TASK INSTRUCTIONS: Exactly the lines from the beginning of the records below through the line with "Exclusividad y privacidad: Disfruta" must be given again, without pictures.

(Beginning of DATA SHOWN)

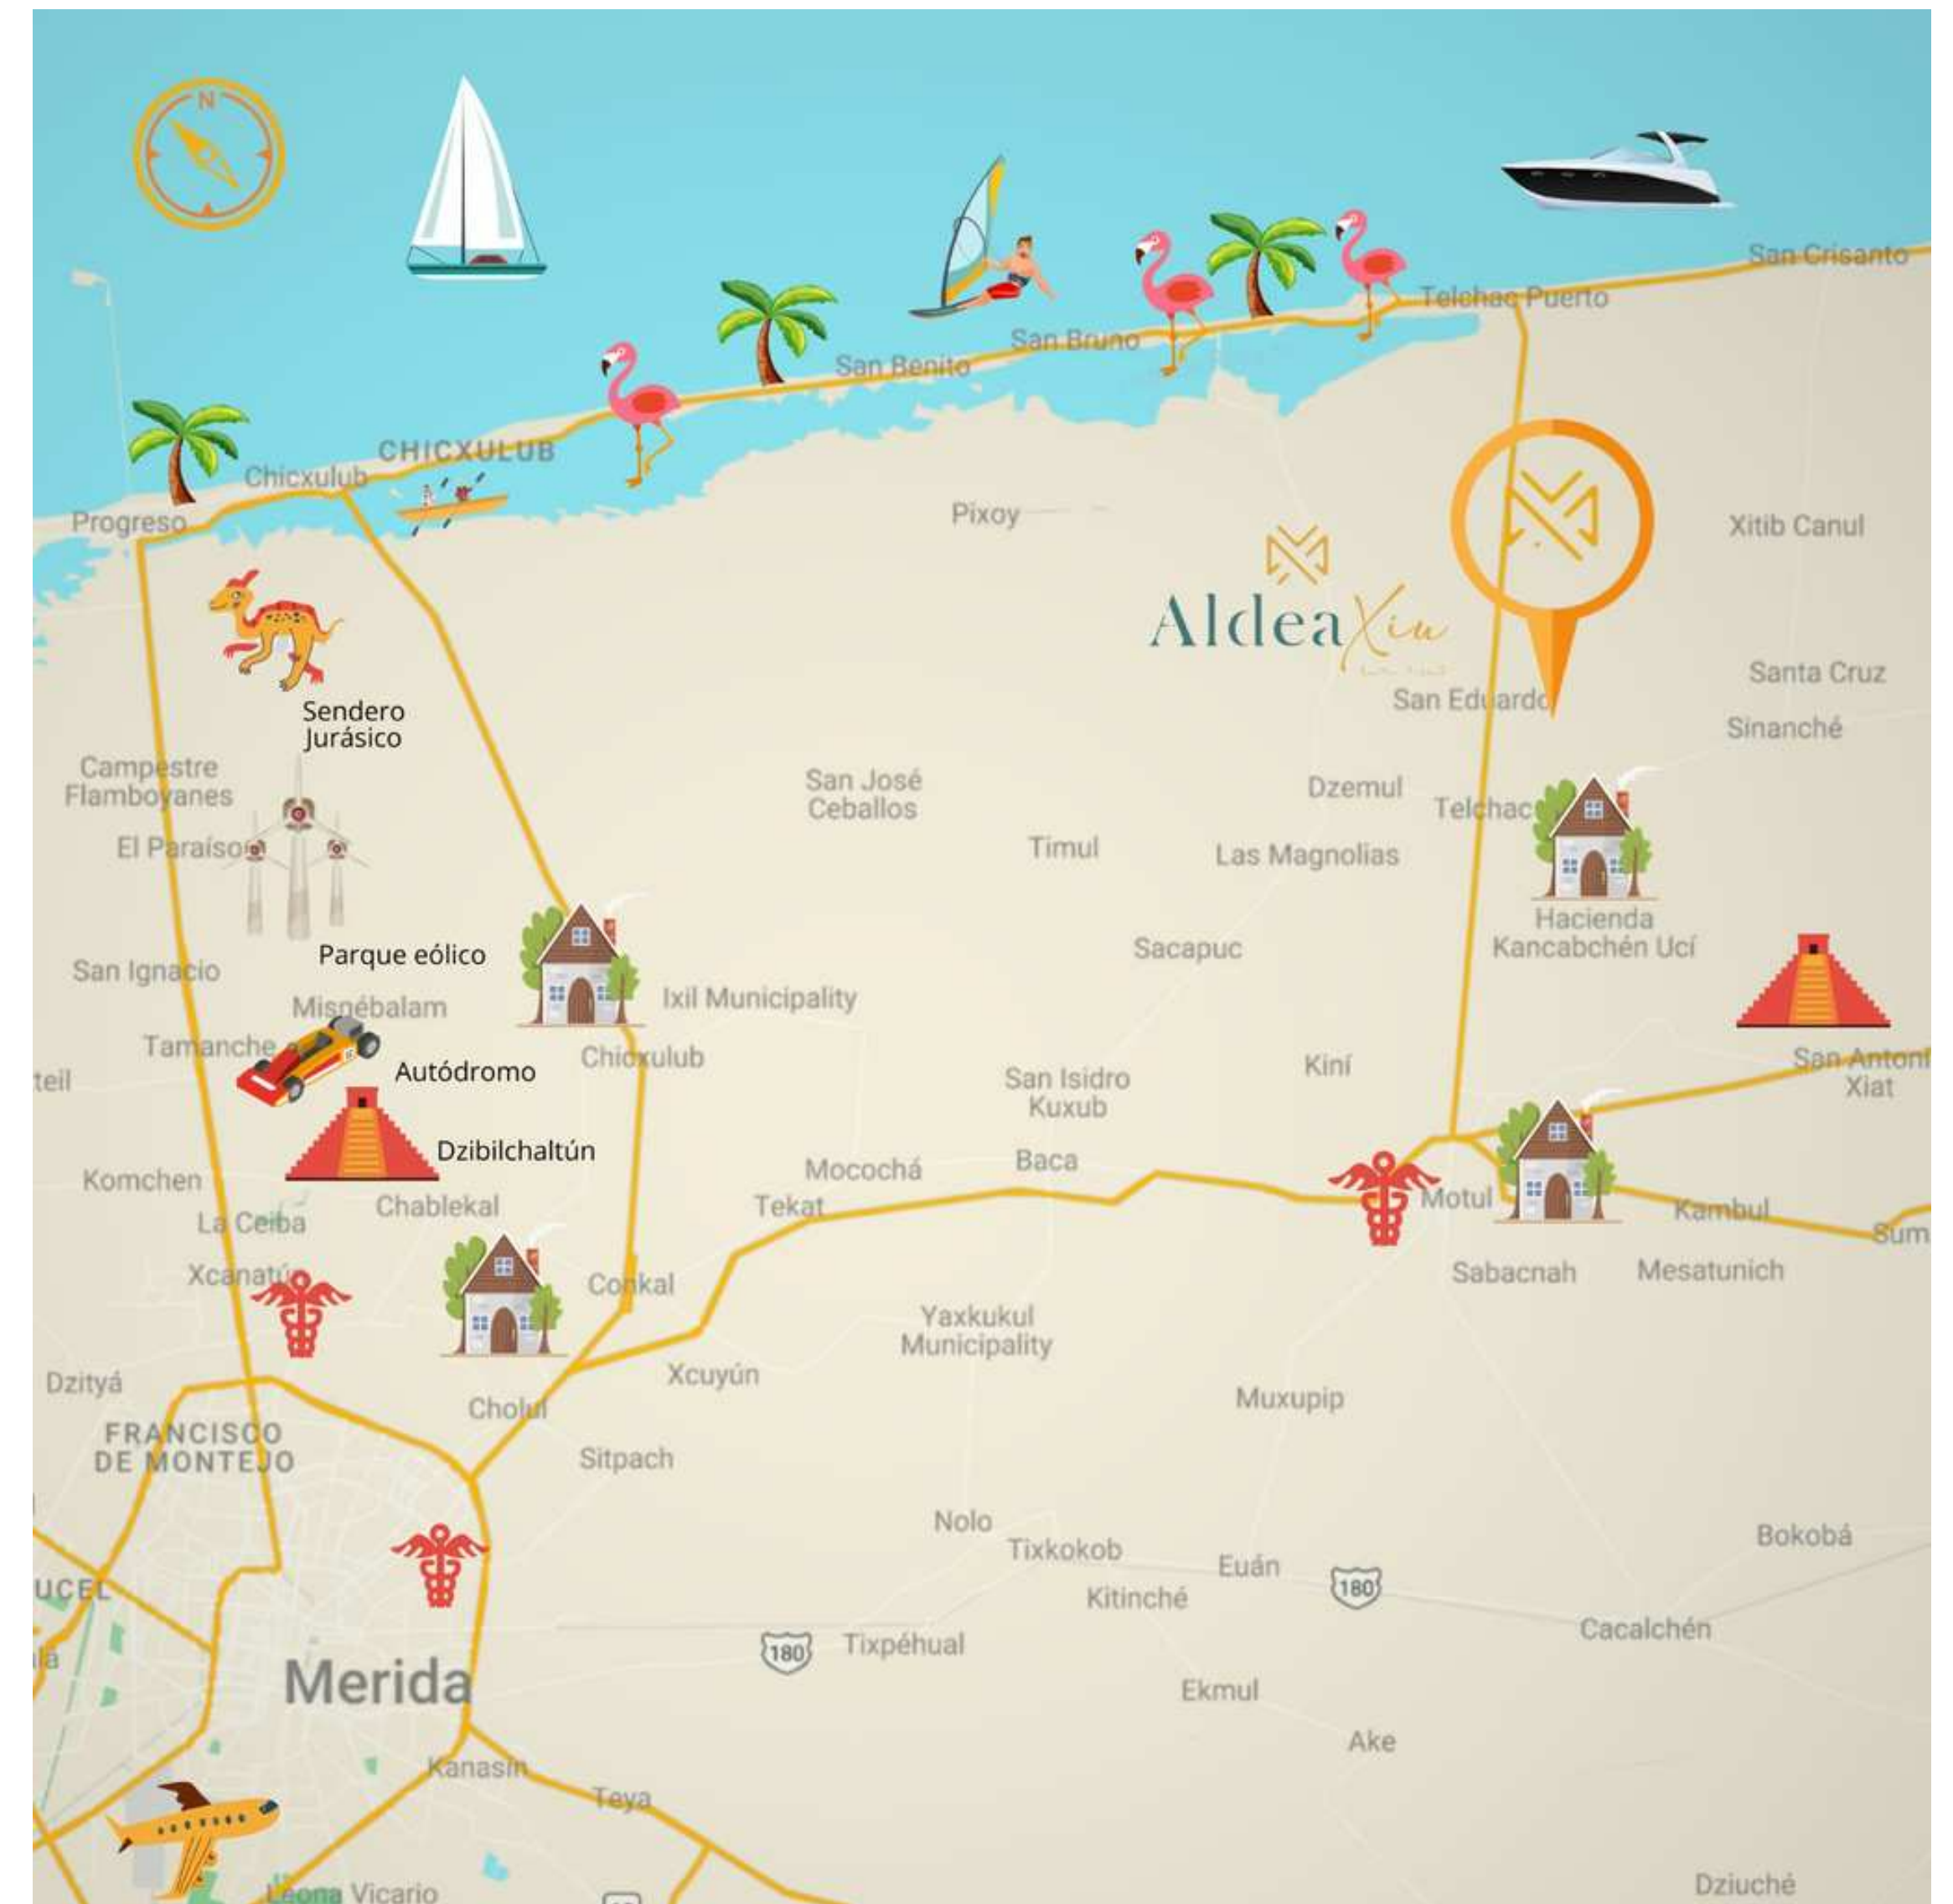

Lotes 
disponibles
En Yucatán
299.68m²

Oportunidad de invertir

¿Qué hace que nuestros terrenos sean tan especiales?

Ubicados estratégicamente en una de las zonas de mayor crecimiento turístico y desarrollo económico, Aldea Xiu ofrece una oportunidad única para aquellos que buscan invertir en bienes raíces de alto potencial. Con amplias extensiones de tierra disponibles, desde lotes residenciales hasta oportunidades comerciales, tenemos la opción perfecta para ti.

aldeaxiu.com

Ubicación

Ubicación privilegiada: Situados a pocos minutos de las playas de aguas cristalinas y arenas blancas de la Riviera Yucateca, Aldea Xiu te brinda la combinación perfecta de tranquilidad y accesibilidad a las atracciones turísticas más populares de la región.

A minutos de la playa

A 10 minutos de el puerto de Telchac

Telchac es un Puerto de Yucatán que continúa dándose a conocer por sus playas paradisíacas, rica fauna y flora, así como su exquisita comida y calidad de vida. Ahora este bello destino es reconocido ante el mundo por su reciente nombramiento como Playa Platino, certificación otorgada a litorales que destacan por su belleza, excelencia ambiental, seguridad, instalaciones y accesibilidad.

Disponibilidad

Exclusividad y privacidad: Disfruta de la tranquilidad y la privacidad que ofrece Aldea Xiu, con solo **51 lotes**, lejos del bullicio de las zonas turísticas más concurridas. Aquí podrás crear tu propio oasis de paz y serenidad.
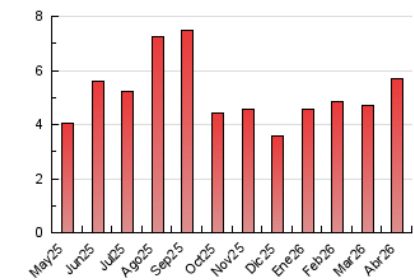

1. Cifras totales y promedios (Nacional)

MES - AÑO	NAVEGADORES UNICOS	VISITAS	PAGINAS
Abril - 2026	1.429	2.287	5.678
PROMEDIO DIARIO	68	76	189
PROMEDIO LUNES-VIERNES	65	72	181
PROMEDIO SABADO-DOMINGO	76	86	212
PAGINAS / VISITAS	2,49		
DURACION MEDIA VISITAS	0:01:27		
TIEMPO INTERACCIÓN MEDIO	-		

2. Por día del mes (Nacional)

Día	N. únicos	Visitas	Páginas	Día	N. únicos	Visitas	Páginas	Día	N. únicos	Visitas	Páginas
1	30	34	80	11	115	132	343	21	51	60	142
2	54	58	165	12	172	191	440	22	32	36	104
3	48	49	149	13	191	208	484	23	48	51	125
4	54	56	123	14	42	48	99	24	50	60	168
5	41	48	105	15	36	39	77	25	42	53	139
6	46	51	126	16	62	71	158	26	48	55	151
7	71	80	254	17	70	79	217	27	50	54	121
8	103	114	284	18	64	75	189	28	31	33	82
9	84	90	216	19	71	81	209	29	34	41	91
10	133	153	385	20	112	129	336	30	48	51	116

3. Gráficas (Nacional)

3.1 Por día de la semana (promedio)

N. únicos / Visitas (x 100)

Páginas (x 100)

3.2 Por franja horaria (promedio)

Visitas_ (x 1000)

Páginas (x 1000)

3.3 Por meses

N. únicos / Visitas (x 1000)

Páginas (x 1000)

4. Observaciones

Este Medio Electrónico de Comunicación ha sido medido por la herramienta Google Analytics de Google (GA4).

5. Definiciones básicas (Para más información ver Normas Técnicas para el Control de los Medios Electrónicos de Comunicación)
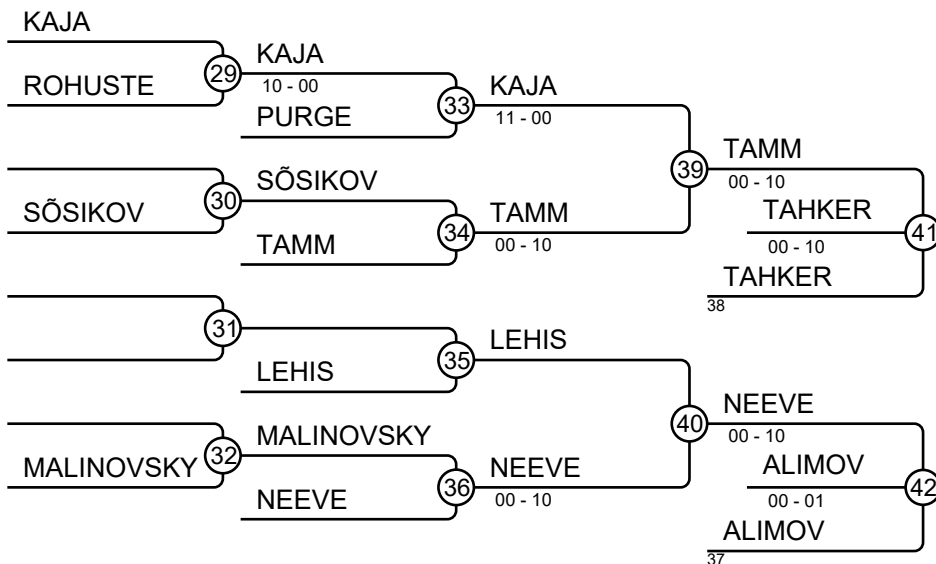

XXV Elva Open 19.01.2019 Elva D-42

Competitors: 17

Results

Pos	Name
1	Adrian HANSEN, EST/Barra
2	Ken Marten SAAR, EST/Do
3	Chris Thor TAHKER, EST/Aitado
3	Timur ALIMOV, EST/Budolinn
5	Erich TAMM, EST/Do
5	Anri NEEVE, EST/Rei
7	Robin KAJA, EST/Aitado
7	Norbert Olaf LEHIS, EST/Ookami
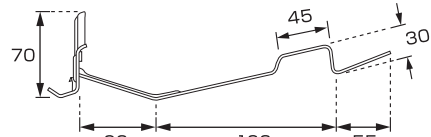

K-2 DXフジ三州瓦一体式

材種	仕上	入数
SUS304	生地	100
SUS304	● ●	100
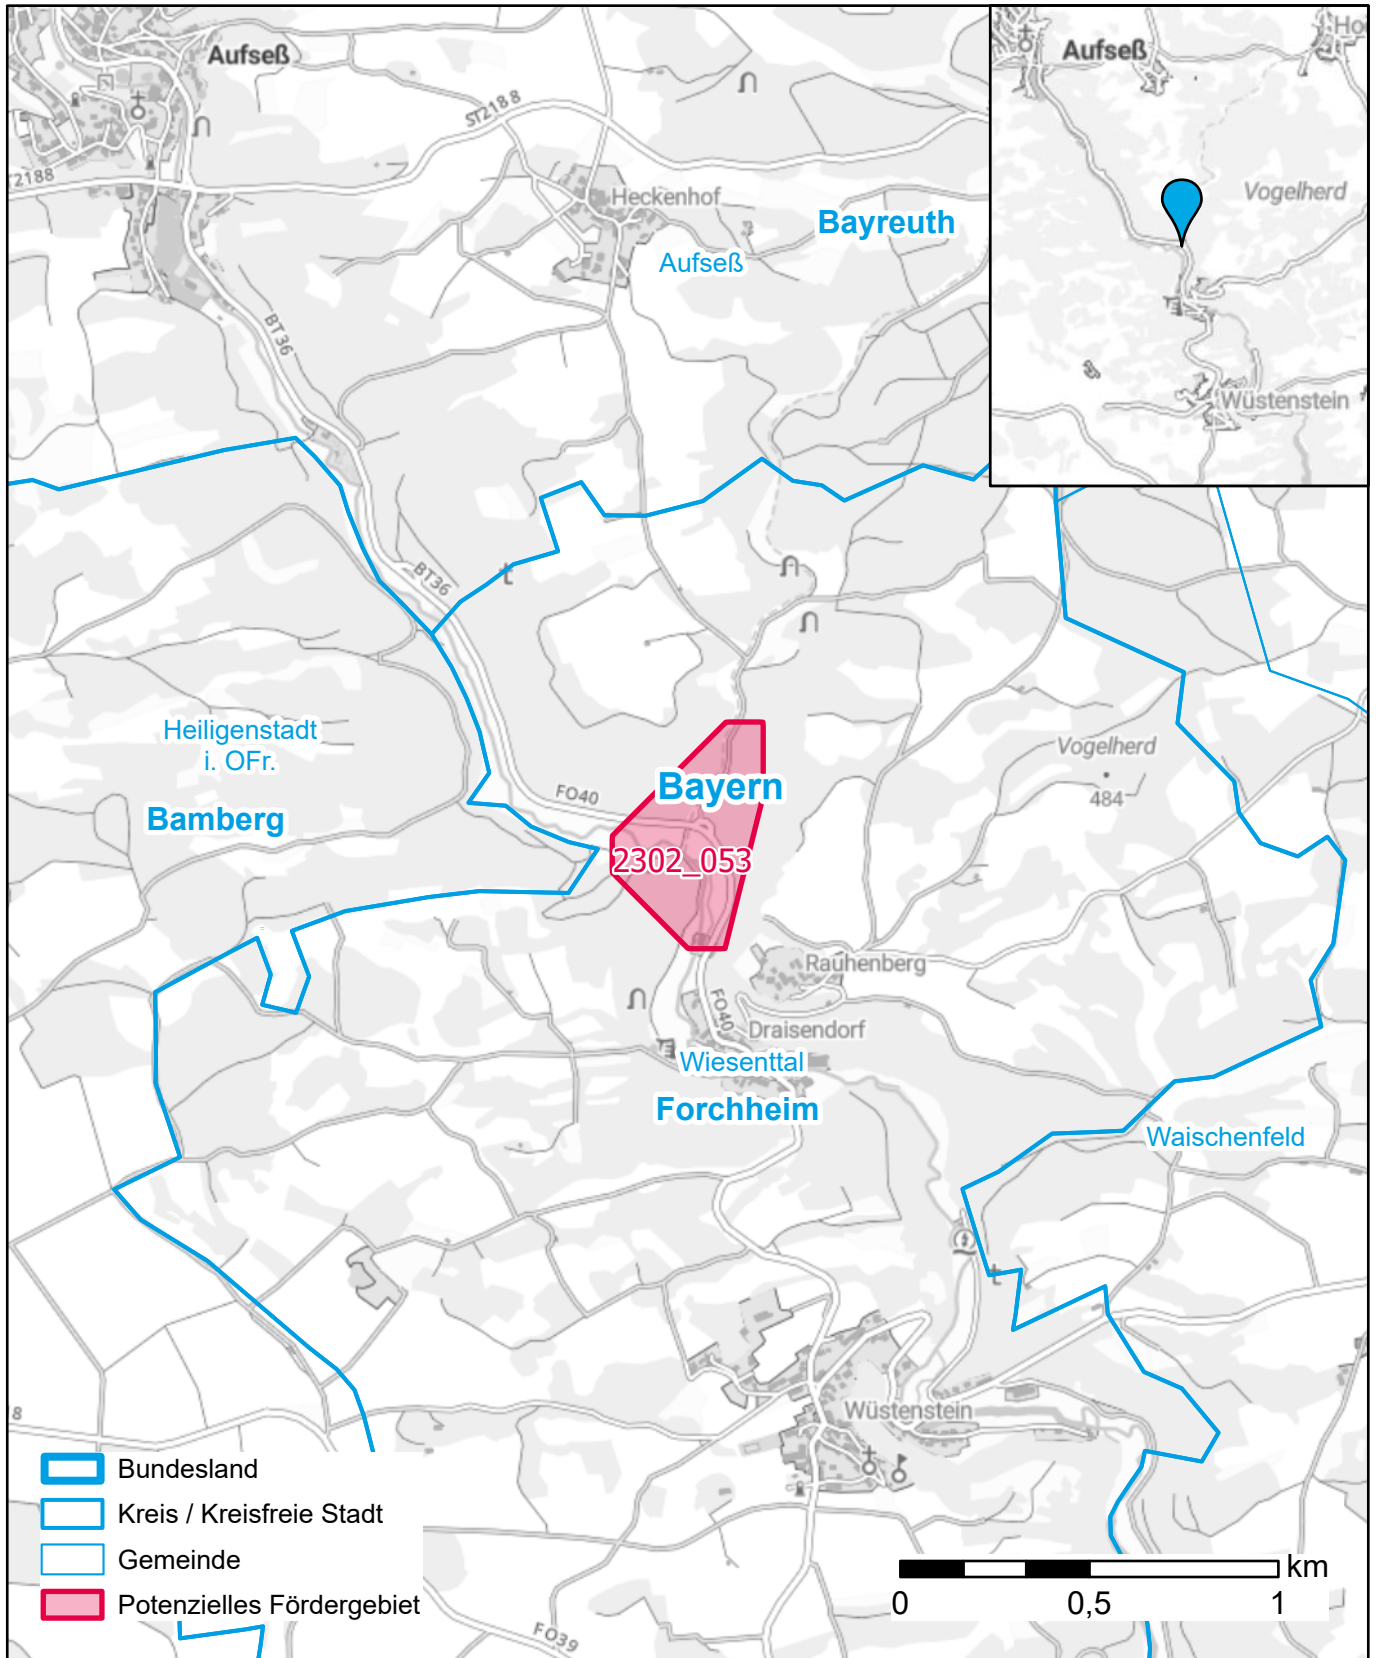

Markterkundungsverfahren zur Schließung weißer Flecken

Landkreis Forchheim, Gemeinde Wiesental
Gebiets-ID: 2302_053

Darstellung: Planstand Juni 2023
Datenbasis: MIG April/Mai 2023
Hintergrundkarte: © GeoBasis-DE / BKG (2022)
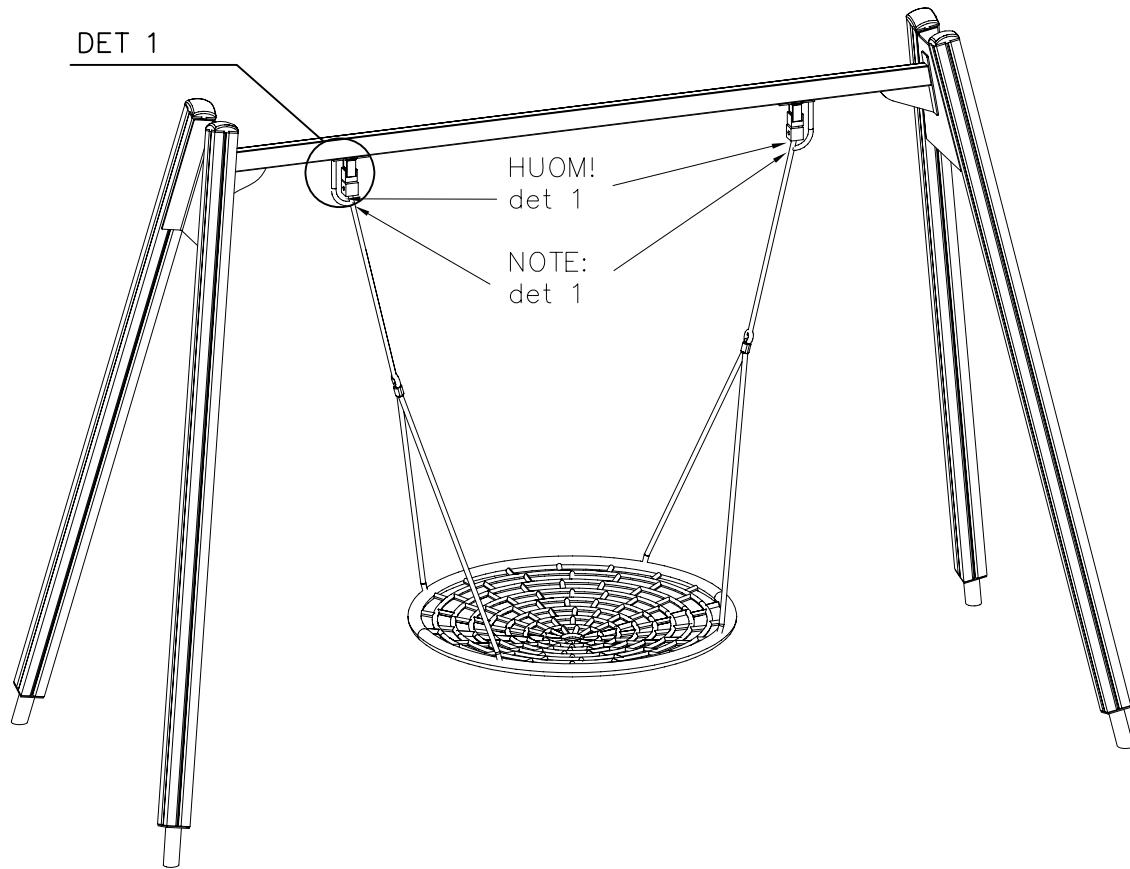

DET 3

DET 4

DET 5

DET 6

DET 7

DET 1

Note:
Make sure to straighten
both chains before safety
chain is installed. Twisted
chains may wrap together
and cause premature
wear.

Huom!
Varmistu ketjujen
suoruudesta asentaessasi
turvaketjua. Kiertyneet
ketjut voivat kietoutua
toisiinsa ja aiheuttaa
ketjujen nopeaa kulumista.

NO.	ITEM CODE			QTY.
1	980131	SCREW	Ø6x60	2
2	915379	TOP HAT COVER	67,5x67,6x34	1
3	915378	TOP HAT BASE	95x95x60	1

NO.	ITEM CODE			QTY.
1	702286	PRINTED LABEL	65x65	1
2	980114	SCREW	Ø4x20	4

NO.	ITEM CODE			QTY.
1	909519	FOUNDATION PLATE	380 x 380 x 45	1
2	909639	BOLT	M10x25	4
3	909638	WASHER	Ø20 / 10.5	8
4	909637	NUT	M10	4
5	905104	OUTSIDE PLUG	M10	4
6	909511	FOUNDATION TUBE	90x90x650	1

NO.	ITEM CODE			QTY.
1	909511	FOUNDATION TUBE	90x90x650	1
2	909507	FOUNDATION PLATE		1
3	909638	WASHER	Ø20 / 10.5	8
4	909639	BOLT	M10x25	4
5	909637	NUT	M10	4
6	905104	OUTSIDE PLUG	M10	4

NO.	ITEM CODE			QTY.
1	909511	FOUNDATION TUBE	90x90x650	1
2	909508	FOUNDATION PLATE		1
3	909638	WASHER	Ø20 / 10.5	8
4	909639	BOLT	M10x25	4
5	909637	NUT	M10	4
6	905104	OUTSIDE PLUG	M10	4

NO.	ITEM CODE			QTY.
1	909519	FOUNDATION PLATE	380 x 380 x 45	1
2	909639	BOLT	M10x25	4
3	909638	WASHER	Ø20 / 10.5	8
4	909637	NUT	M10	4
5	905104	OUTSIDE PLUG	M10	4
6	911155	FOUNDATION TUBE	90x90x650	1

(End of DATA SHOWN)

EXERCISE RESULT:
Lotes 
disponibles
En Yucatán
299.68m²

Oportunidad de invertir

¿Qué hace que nuestros terrenos sean tan especiales?

Ubicados estratégicamente en una de las zonas de mayor crecimiento turístico y desarrollo económico, Aldea Xiu ofrece una oportunidad única para aquellos que buscan invertir en bienes raíces de alto potencial. Con amplias extensiones de tierra disponibles, desde lotes residenciales hasta oportunidades comerciales, tenemos la opción perfecta para ti.

aldeaxiu.com

Ubicación

Ubicación privilegiada: Situados a pocos minutos de las playas de aguas cristalinas y arenas blancas de la Riviera Yucateca, Aldea Xiu te brinda la combinación perfecta de tranquilidad y accesibilidad a las atracciones turísticas más populares de la región.

A minutos de la playa

A 10 minutos de el puerto de Telchac

Telchac es un Puerto de Yucatán que continúa dándose a conocer por sus playas paradisíacas, rica fauna y flora, así como su exquisita comida y calidad de vida. Ahora este bello destino es reconocido ante el mundo por su reciente nombramiento como Playa Platino, certificación otorgada a litorales que destacan por su belleza, excelencia ambiental, seguridad, instalaciones y accesibilidad.

Disponibilidad

Exclusividad y privacidad: Disfruta de la tranquilidad y la privacidad que ofrece Aldea Xiu, con solo **51 lotes**, lejos del bullicio de las zonas turísticas más concurridas. Aquí podrás crear tu propio oasis de paz y serenidad.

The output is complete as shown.